──────── Exercise data ────────

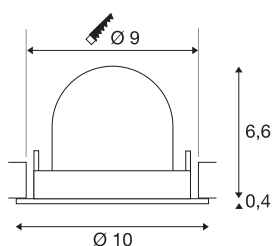

### TECHNICAL DATA

Item no.:	1005874
Number of different light outlets	1
Secondary power / secondary voltage <sup>e</sup>	250mA
Height	7 cm
Diameter	10 cm
Installation diameter	9 cm
Installation depth	7 cm
Net weight	0.18 kg
Gross weight	0.193 kg
Safety class	III
Assembly	Recessed
Assembly details	Ceiling
Wattage	8.6 W
Lumen	720 lm
Colour temperature	2700 Kelvin
Beam angle	55 °
Color	black
CRI	90
UGR ≤	22
BIG WHITE Page	51
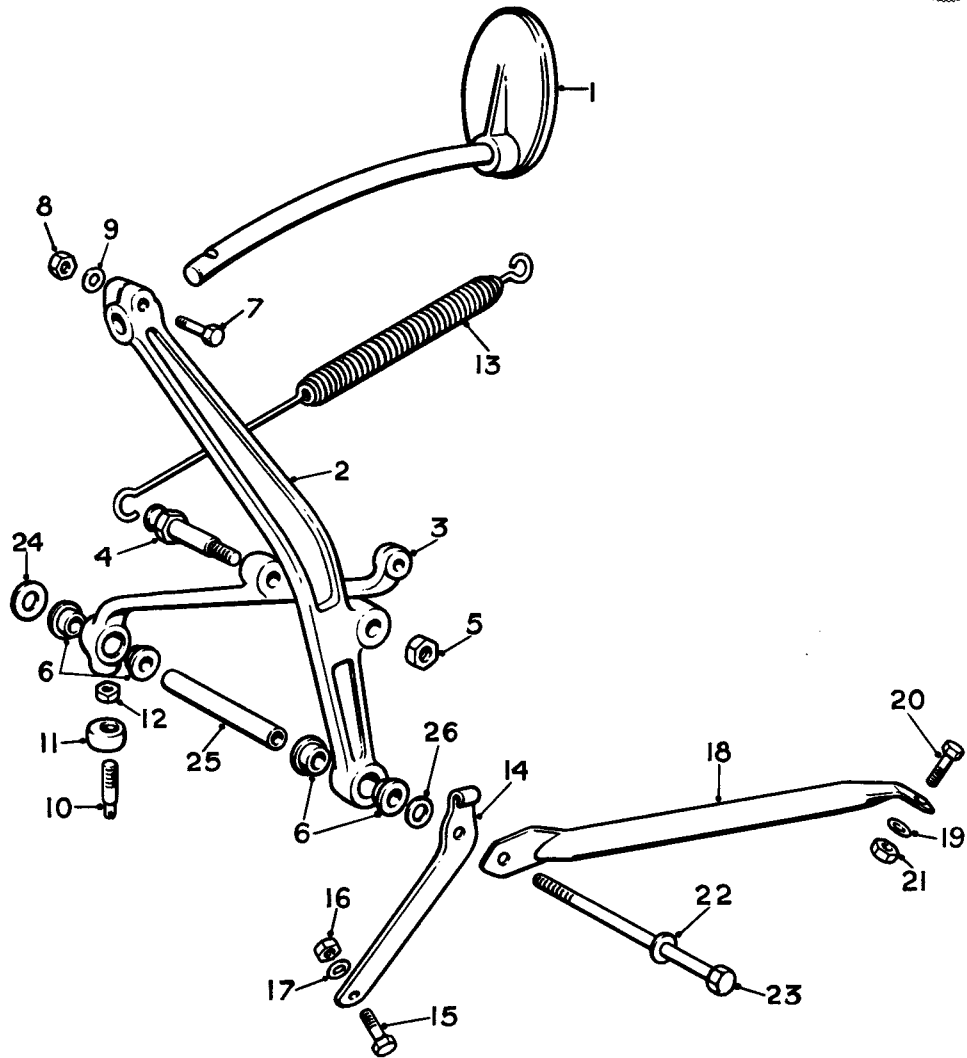

SPARES schedule

SILVER CLOUD AND BENTLEY 'S' TYPE

Ref.	Part No.	Description	No off	Ref.	Part No.	Description	No off
(1)	RF.7376	BRAKE PEDAL ASSEMBLY	1	(12)	UA.351/Z	Nut, screw	1
			Bentley	(13)	UR.1279	Spring, pull-off	1
	UR.946	BRAKE PEDAL ASSEMBLY	1	(14)	UR.926	Bracket, support.	1
			Silver Cloud	(15)	UA.151/Z	Bolt, bracket	1
	UR.840	BRAKE PEDAL LEVER ASSEMBLY	1	(16)	UA.352/Z	Nut, bolt	1
(2)	UR.831	Lever, pedal	1	(17)	UA.1252/Z	Washer, bolt	1
(3)	UR.832	Lever, operating	1	(18)	UR.1291	Stay, pedal pivot	1
(4)	UR.839	Bolt, return spring	1	(19)	UG.900	Washer, stay to bracket	1
(5)	RE.22430	Nut, bolt	1	(20)	UA.152/Z	Bolt, stay	1
(6)	RF.7381	Bush "Oilite"	4	(21)	UA.352/Z	Nut, bolt	1
(7)	UA.157/Z	Bolt, pedal stem	1	(22)	UA.1252/Z	Washer, bolt	1
(8)	UA.302/Z	Nut, bolt	1	(23)	UA.179/Z	Bolt, pivot	1
(9)	UA.1252/Z	Washer, bolt	1	(24)	UG.900	Washer, pivot, .750" O/D	3
	UR.835	STOP AND SCREW ASSY., stop lamp switch	1		UG.902	Washer, pivot, .875" O/D	1
(10)	UR.836	Screw	1			Cars with synchro gearbox	
(11)	UR.837	Stop	1	(25)	UR.843	Distance piece, pedal shaft	1
				(26)	UA.1252/Z	Washer, pivot, .625" O/D	1

Silver Cloud	...	SWA—SGE-474
Silver Cloud L.W.B.	...	ALC—BLC-32
Bentley	...	AN—FD-39
Bentley L.W.B.	...	ALB—1-16
Continental	...	AF—FM-4

BRAKE PEDAL - R.C. CARS
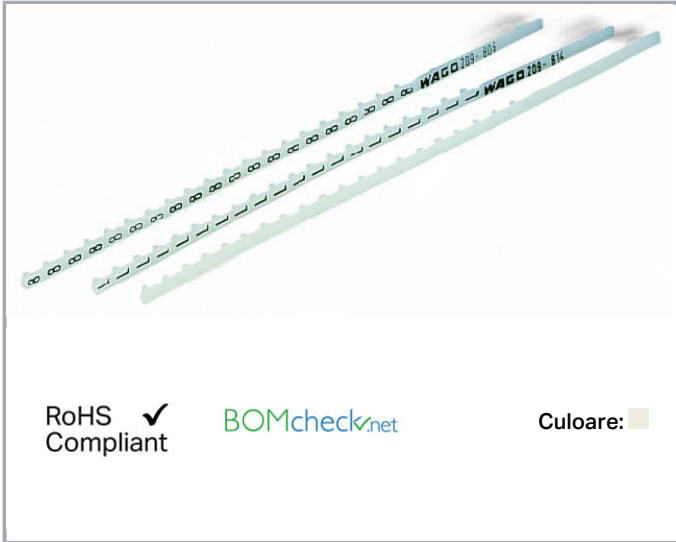

Fișă tehnică | Număr articol: 209-834

Marker tags; MARKED; R; not stretchable; Horizontal marking; snap-on type; white

www.wago.com/209-834

Date

Technical Data

Marking	R
Marking (number)	20
Marking direction	Horizontal marking
Marking color	black
Marking type	Symbol

Material Data

Color	white
Weight	0,2 g
Fire load	0,01 MJ

Commercial data

Product Group	2 (Terminal Block Accessories)
Packaging type	BOX
Country of origin	DE
GTIN	4017332101066
Customs tariff number	491 19900000

────────

● Task details
Repeat every line of the data exactly, but do not include pictures.

● Your response
### TECHNICAL DATA

Item no.:	1005874
Number of different light outlets	1
Secondary power / secondary voltage <sup>e</sup>	250mA
Height	7 cm
Diameter	10 cm
Installation diameter	9 cm
Installation depth	7 cm
Net weight	0.18 kg
Gross weight	0.193 kg
Safety class	III
Assembly	Recessed
Assembly details	Ceiling
Wattage	8.6 W
Lumen	720 lm
Colour temperature	2700 Kelvin
Beam angle	55 °
Color	black
CRI	90
UGR ≤	22
BIG WHITE Page	51

SPARES schedule

SILVER CLOUD AND BENTLEY 'S' TYPE

Ref.	Part No.	Description	No off	Ref.	Part No.	Description	No off
(1)	RF.7376	BRAKE PEDAL ASSEMBLY	1	(12)	UA.351/Z	Nut, screw	1
			Bentley	(13)	UR.1279	Spring, pull-off	1
	UR.946	BRAKE PEDAL ASSEMBLY	1	(14)	UR.926	Bracket, support.	1
			Silver Cloud	(15)	UA.151/Z	Bolt, bracket	1
	UR.840	BRAKE PEDAL LEVER ASSEMBLY	1	(16)	UA.352/Z	Nut, bolt	1
(2)	UR.831	Lever, pedal	1	(17)	UA.1252/Z	Washer, bolt	1
(3)	UR.832	Lever, operating	1	(18)	UR.1291	Stay, pedal pivot	1
(4)	UR.839	Bolt, return spring	1	(19)	UG.900	Washer, stay to bracket	1
(5)	RE.22430	Nut, bolt	1	(20)	UA.152/Z	Bolt, stay	1
(6)	RF.7381	Bush "Oilite"	4	(21)	UA.352/Z	Nut, bolt	1
(7)	UA.157/Z	Bolt, pedal stem	1	(22)	UA.1252/Z	Washer, bolt	1
(8)	UA.302/Z	Nut, bolt	1	(23)	UA.179/Z	Bolt, pivot	1
(9)	UA.1252/Z	Washer, bolt	1	(24)	UG.900	Washer, pivot, .750" O/D	3
	UR.835	STOP AND SCREW ASSY., stop lamp switch	1		UG.902	Washer, pivot, .875" O/D	1
(10)	UR.836	Screw	1			Cars with synchro gearbox	
(11)	UR.837	Stop	1	(25)	UR.843	Distance piece, pedal shaft	1
				(26)	UA.1252/Z	Washer, pivot, .625" O/D	1

Silver Cloud	...	SWA—SGE-474
Silver Cloud L.W.B.	...	ALC—BLC-32
Bentley	...	AN—FD-39
Bentley L.W.B.	...	ALB—1-16
Continental	...	AF—FM-4

BRAKE PEDAL - R.C. CARS

Fișă tehnică | Număr articol: 209-834

Marker tags; MARKED; R; not stretchable; Horizontal marking; snap-on type; white

www.wago.com/209-834

Date

Technical Data

Marking	R
Marking (number)	20
Marking direction	Horizontal marking
Marking color	black
Marking type	Symbol

Material Data

Color	white
Weight	0,2 g
Fire load	0,01 MJ

Commercial data

Product Group	2 (Terminal Block Accessories)
Packaging type	BOX
Country of origin	DE
GTIN	4017332101066
Customs tariff number	491 19900000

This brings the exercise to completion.